[PROMPT] What lines in the following entries hold the word "GROHE"? Copy each one.

[ENTRIES SHOWN]
---*---

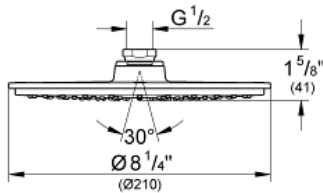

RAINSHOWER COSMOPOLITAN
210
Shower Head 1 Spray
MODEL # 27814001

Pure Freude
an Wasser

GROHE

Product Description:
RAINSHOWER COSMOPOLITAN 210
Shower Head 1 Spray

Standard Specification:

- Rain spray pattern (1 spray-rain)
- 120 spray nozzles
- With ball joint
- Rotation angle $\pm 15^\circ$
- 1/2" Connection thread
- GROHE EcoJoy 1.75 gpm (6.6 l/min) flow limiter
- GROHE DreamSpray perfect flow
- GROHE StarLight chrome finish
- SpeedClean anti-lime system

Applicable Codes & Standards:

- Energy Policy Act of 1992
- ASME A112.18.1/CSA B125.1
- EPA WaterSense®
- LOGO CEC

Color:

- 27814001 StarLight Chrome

---*---

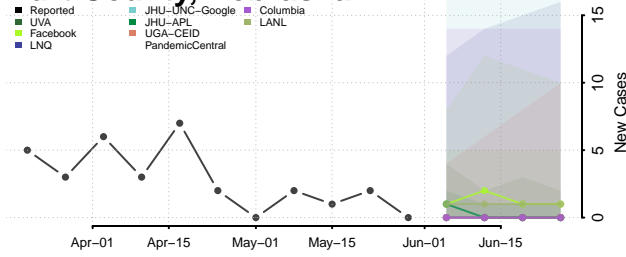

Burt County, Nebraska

---*---

[PROBLEM SOLUTION]
GROHE
- GROHE EcoJoy 1.75 gpm (6.6 l/min) flow limiter
- GROHE DreamSpray perfect flow
- GROHE StarLight chrome finish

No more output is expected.